Re: [PATCH] blk-wbt: Avoid lock contention and thundering herd issue in wbt_wait

From: van der Linden, Frank
Date: Wed Aug 22 2018 - 12:45:00 EST

On 8/22/18 7:27 AM, Jens Axboe wrote:
> On 8/22/18 6:54 AM, Holger Hoffstätte wrote:
>> On 08/22/18 06:10, Jens Axboe wrote:
>>> [...]
>>> If you have time, please look at the 3 patches I posted earlier today.
>>> Those are for mainline, so should be OK :-)
>> I'm just playing along at home but with those 3 I get repeatable
>> hangs & writeback not starting at all, but curiously *only* on my btrfs
>> device; for inexplicable reasons some other devices with ext4/xfs flush
>> properly. Yes, that surprised me too, but it's repeatable.
>> Now this may or may not have something to do with some of my in-testing
>> patches for btrfs itself, but if I remove those 3 wbt fixes, everything
>> is golden again. Not eager to repeat since it hangs sync & requires a
>> hard reboot.. :(
>> Just thought you'd like to know.
> Thanks, that's very useful info! I'll see if I can reproduce that.
I think it might be useful to kind of give a dump of what we discussed
before this patch was sent, there was a little more than was in the

We saw hangs and heavy lock contention in the wbt code under a specific
workload, on XFS. Crash dump analysis showed the following issues:

1) wbt_done uses wake_up_all, which causes a thundering herd
2) __wbt_wait sets up a wait queue with the auto remove wake function
(via DEFINE_WAIT), which caused two problems:
* combined with the use of wake_up_all, the wait queue would
essentially be randomly reordered for tasks that did not get to run
* the waitqueue_active check in may_queue was not valid with the auto
remove function, which could lead incoming tasks with requests to
overtake existing requests

1) was fixed by using a plain wake_up
2) was fixed by keeping tasks on the queue until they could break out of
the wait loop in __wbt_wait

The random reordering, causing task starvation in __wbt_wait, was the
main problem. Simply not using the auto remove wait function, e.g.
*only* changing DEFINE_WAIT(wait) to DEFINE_WAIT_FUNC(wait,
default_wake_function), fixed the hang / task starvation issue in our
tests. But there was still more lock contention than there should be, so
we also changed wake_up_all to wake_up.

It might be useful to run your tests with only the DEFINE_WAIT change I
describe above added to the original code to see if that still has any
problems. That would give a good datapoint whether any remaining issues
are due to missed wakeups or not.

There is the issue of making forward progress, or at least making it
fast enough. With the changes as they stand now, you could come up with
a scenario where the throttling limit is hit, but then is raised. Since
there might still be a wait queue, you could end up putting each
incoming task to sleep, even though it's not needed.

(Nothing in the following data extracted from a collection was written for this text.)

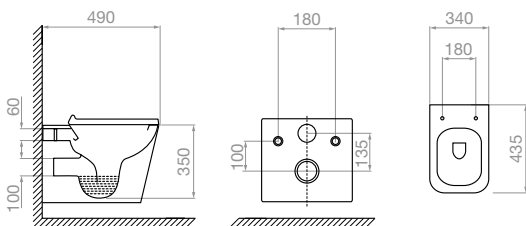

Νιπτήρας Νιοι
Κρεμαστός
520 x 435 x 385mm

Κωδικός

Περιγραφή

023014901

Νιπτήρας Κρεμαστός
Νιοι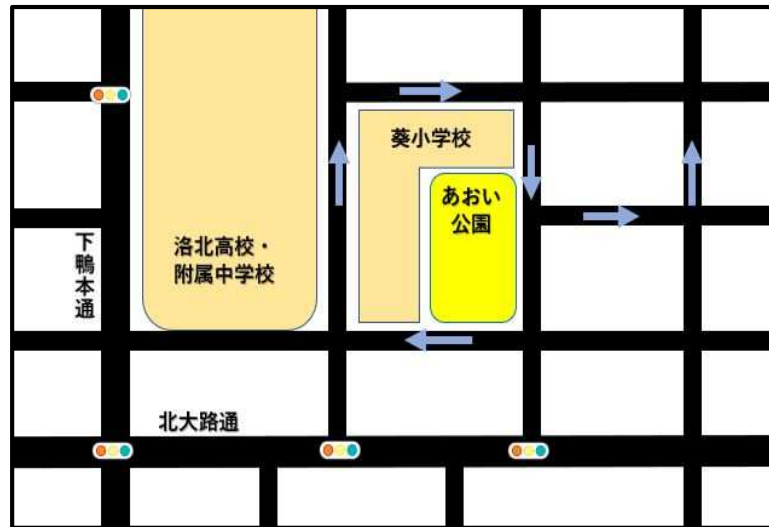

住所：左京区新東洞院仁王門前上元新東洞院町252

移動式拠点回収実施場所一覧 (10月3日実施予定)

上下水道局きた下水道管路管理センター東部支所 【川東学区】
住所：左京区川端通丸太町下る下堤町94-8

移動式拠点回収実施場所一覧 (10月4日実施予定)

河原田公園【松ヶ崎学区】

住所：左京区松ヶ崎河原田町4-24

移動式拠点回収実施場所一覧 (10月7日実施予定)

大原出張所前【大原学区】

住所：左京区大原来迎院町10-2

静原公園【静原学区】

住所：左京区静市静原町

八瀬出張所前【八瀬学区】

住所：左京区八瀬秋元町577

移動式拠点回収実施場所一覧 (10月18日実施予定)

あおい(下鴨膳部)公園【葵学区】

住所：左京区下鴨東梅ノ木町9

移動式拠点回収実施場所一覧 (10月21日実施予定)

資源物
18 品目

上終公園【北白川学区】

住所：左京区北白川瀬ノ内町46

宮の前公園【錦林東山学区】

住所：左京区鹿ヶ谷上宮ノ前町9

錦林小学校北門前【聖護院学区】

住所：左京区岡崎入江町1-1

移動式拠点回収実施場所一覧 (10月24日実施予定)

高原公園【養徳学区】

住所：左京区田中北春菜町8

移動式拠点回収実施場所一覧 (10月28日実施予定)

鷺公園【上高野学区】

住所：左京区上高野石田町101

南田公園【浄楽学区】

住所：左京区浄土寺上南田町32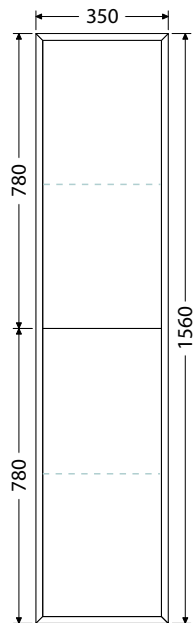

OALU 50/22 B 240,-

OALU 50/22 S 240,-

OALU 50/22 B 240,-

Sklenené police

Hĺbka skriniek 350 mm

OMP DS 156/35 2D L 926,-
OMP DS 156/35 2D P 926,-
OMP DS 156/35 2D KL 958,-
OMP DS 156/35 2D KP 958,-

OALU 35/22 S 221,-
OALU 35/22 B 221,-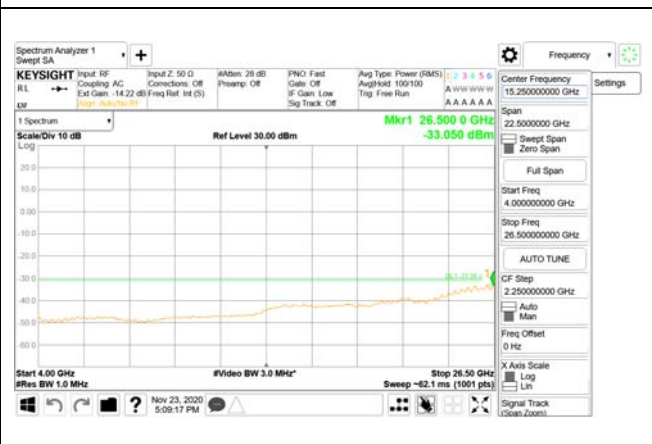

30 MHz - 1000 MHz

1000 MHz - 3700 MHz

3981 MHz - 4000 MHz

4000 MHz - 26.5 GHz

**CTK Co., Ltd.**  
 (Ho-dong), 113, Yejik-ro, Cheoin-gu,  
 Yongin-si, Gyeonggi-do, Korea  
 Tel: +82-31-339-9970  
 Fax: +82-31-624-9501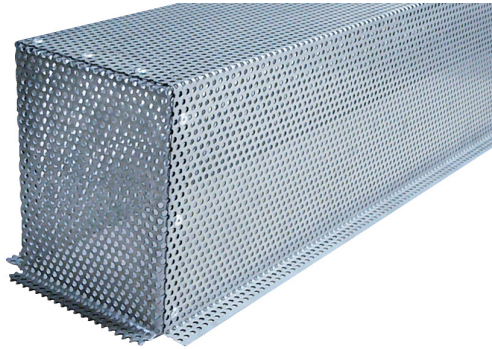

PRODUKTDATENBLATT

Type: ET-SK-500
Art. Nr.: 40585

9120061394588

Kurzbeschreibung

Schutzkorb für RRU-500, RDA-250 und RDA-500

Die Schutzkörbe schützen Rippenrohrheizkörper vor mechanischen Schäden, Schmutz und überall dort, wo eine optische Aufwertung erwünscht ist. Die Oberfläche ist aus Edelstahl 1.4301. Schutzkorb für Rippenrohrheizkörper Typ RRU-500, RDA-250 und RDA-500.

ETIM Merkmale

Werkstoff	Edelstahl	Länge	500 Millimeter
Form	eckig	Breite	242 Millimeter
Farbe	sonstige	Höhe	215 Millimeter
Montageart	Schrauben		

Erstellt am: 09.10.2024

One way to guarantee that the wait queue clears up as fast as possible,
without resorting to wakeup_all, is to use wakeup_nr, where the number
of tasks to wake up is (limit - inflight).

Also, to avoid having tasks going back to sleep in the loop, you could
do what you already proposed - always just sleep at most once, and
unconditionally proceed after waking up. To avoid incoming tasks
overtaking the ones that are being woken up, you could have wbt_done
increment inflight, effectively reserving a spot for the tasks that are
about to be woken up.

Another thing I thought about was recording the number of waiters in the
wait queue, and modify the check from (inflight < limit) to (inflight <
(limit - nwaiters)), and no longer use any waitqueue_active checks.

The condition checks are of course complicated by the fact that
condition manipulation is not always done under the same lock (e.g.
wbt_wait can be called with a NULL lock).

So, these are just some of the things to consider here - maybe there's
nothing in there that you hadn't already considered, but I thought it'd
be useful to summarize them.

Thanks for looking in to this!